When writing out the entries below, keep only the lines from the line with "7.521 Usage of fredde.jobtechdev.se" to the line with "BWWGN02-171", both included, exactly as they are, and leave the pictures aside.

◆ **Data**
•••••
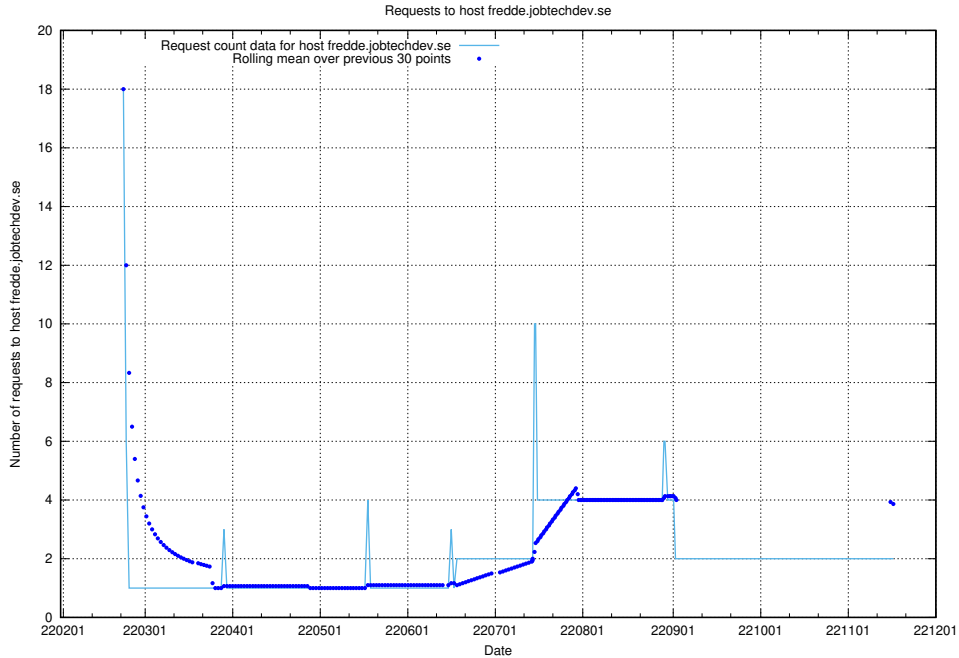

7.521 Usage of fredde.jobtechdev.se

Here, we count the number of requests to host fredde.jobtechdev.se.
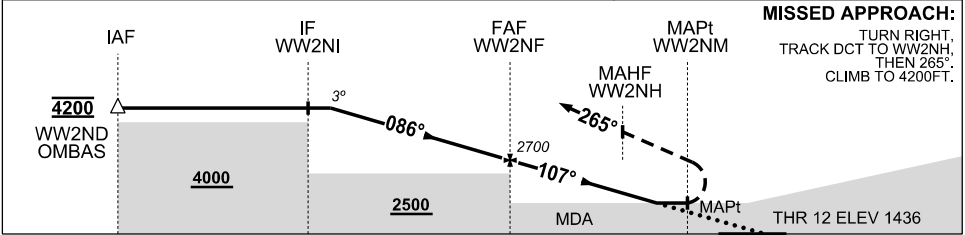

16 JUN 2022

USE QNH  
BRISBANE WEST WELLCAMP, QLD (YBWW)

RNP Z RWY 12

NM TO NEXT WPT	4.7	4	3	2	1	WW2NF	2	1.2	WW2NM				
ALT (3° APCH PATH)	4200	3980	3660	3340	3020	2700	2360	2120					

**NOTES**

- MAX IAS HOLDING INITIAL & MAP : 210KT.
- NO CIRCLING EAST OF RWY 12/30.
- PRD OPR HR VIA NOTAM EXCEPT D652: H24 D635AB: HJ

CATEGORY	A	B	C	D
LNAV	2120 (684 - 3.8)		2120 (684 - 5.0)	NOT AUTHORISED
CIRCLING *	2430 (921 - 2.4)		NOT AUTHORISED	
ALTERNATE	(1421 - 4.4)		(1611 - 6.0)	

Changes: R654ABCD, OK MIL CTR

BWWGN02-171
•••••
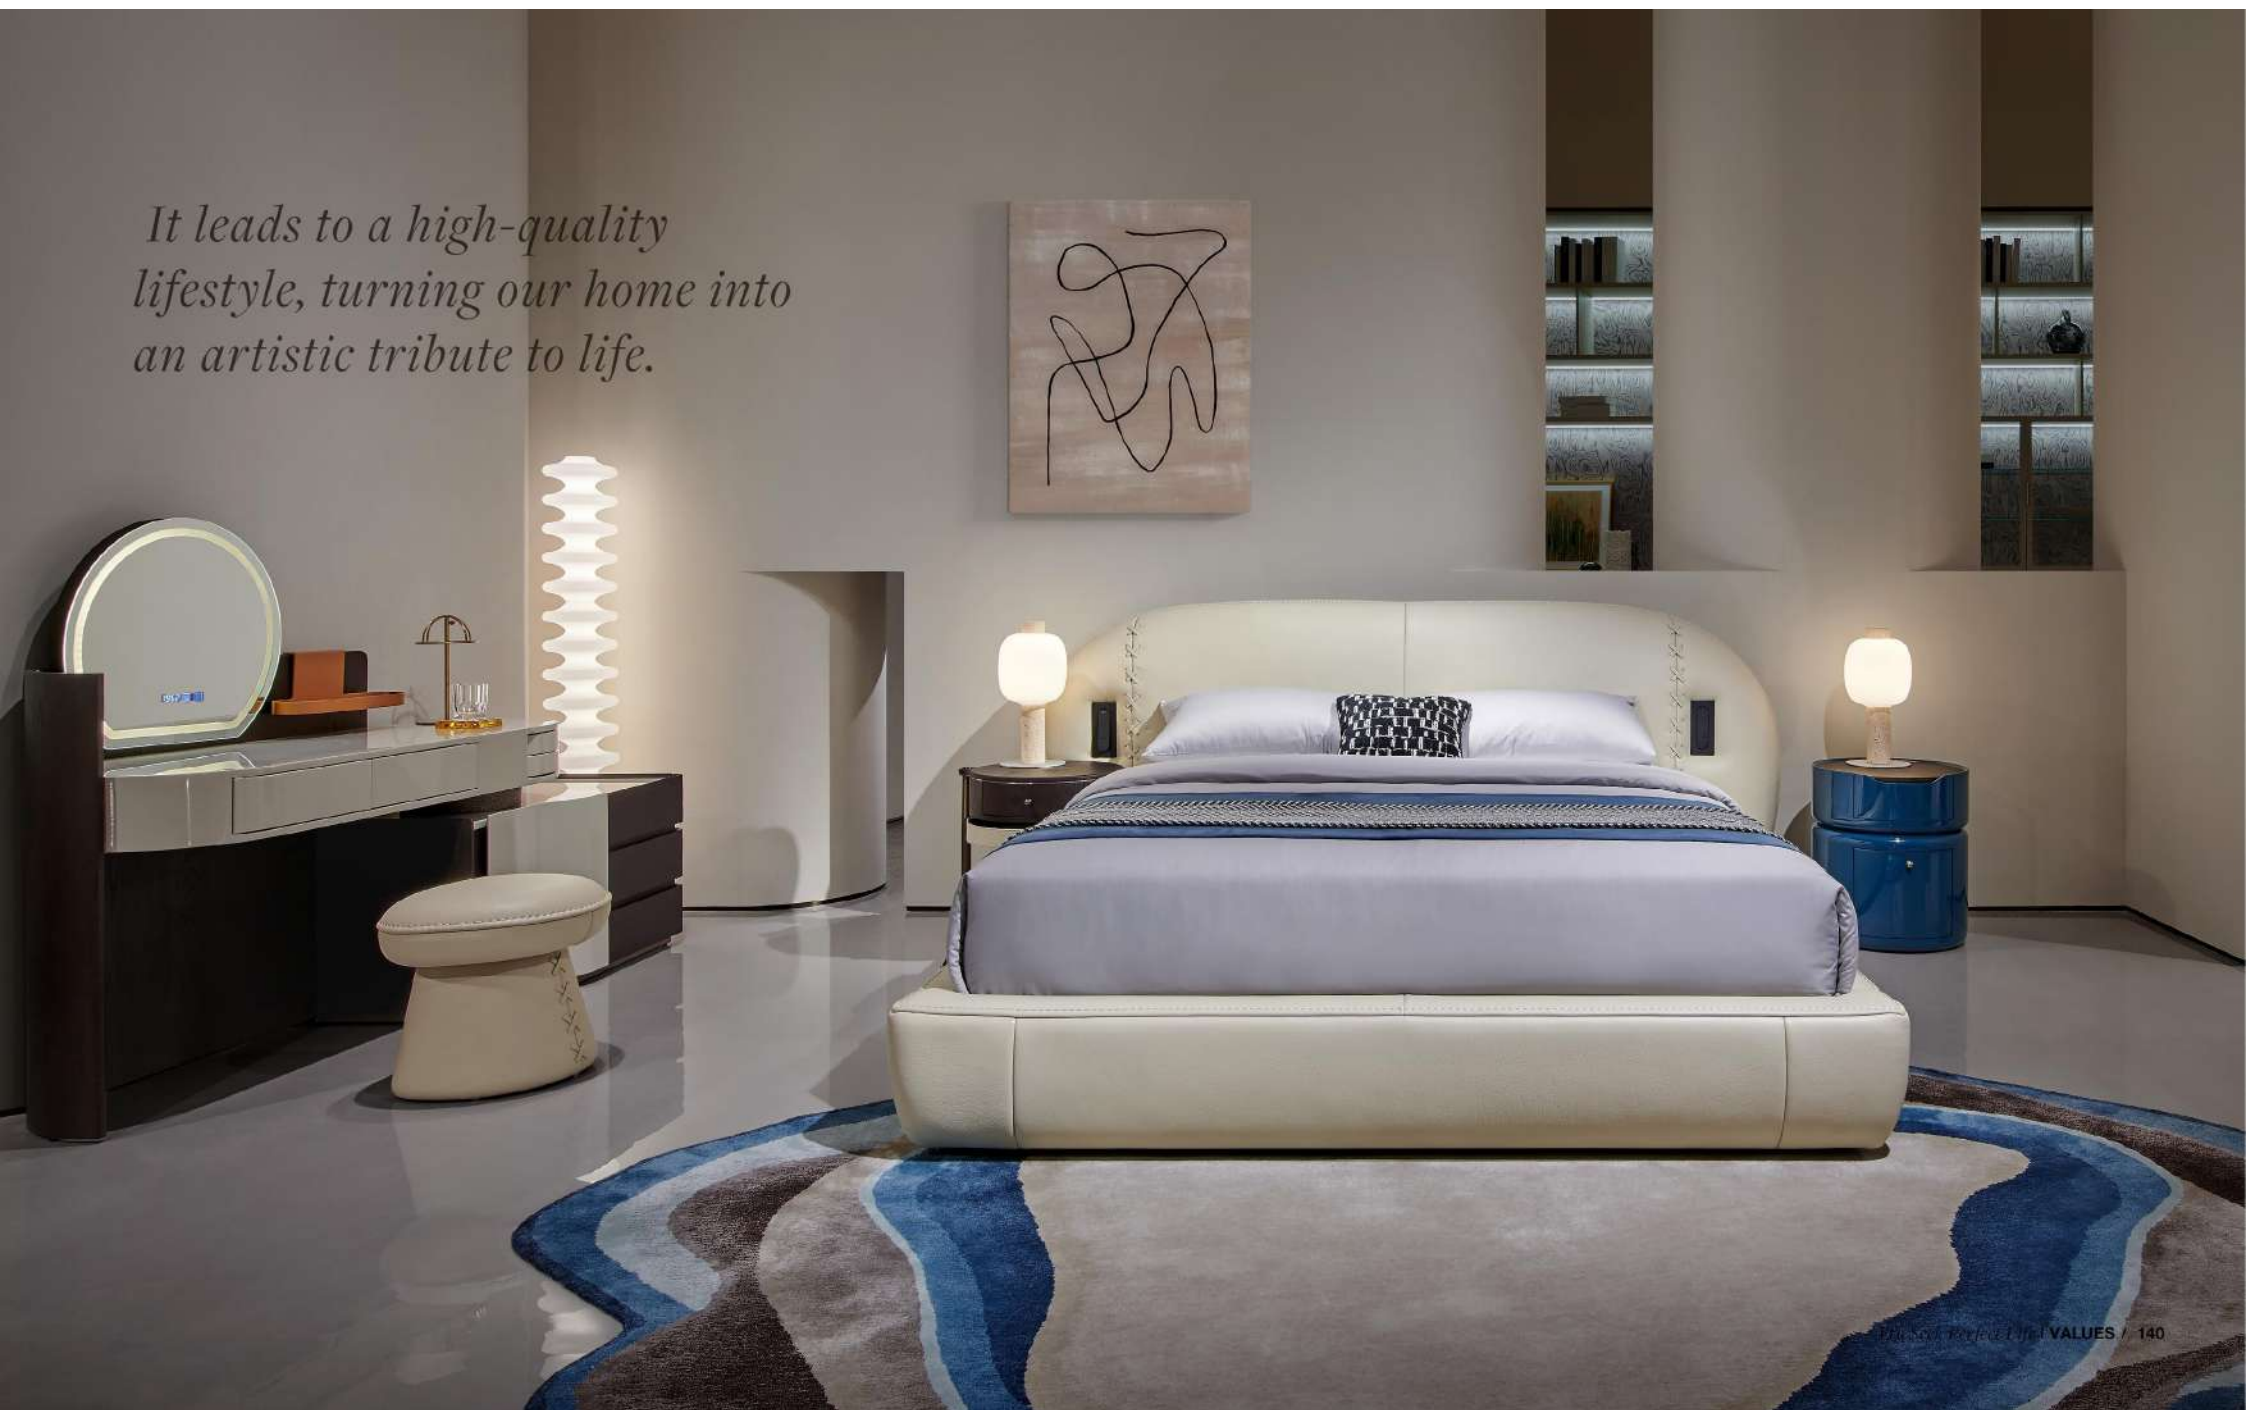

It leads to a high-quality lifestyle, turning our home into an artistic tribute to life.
•••••
◆ **Task solution**
7.521 Usage of fredde.jobtechdev.se

Here, we count the number of requests to host fredde.jobtechdev.se.

16 JUN 2022

USE QNH  
BRISBANE WEST WELLCAMP, QLD (YBWW)

RNP Z RWY 12

NM TO NEXT WPT	4.7	4	3	2	1	WW2NF	2	1.2	WW2NM				
ALT (3° APCH PATH)	4200	3980	3660	3340	3020	2700	2360	2120					

**NOTES**

- MAX IAS HOLDING INITIAL & MAP : 210KT.
- NO CIRCLING EAST OF RWY 12/30.
- PRD OPR HR VIA NOTAM EXCEPT D652: H24 D635AB: HJ

CATEGORY	A	B	C	D
LNAV	2120 (684 - 3.8)		2120 (684 - 5.0)	NOT AUTHORISED
CIRCLING *	2430 (921 - 2.4)		NOT AUTHORISED	
ALTERNATE	(1421 - 4.4)		(1611 - 6.0)	

Changes: R654ABCD, OK MIL CTR

BWWGN02-171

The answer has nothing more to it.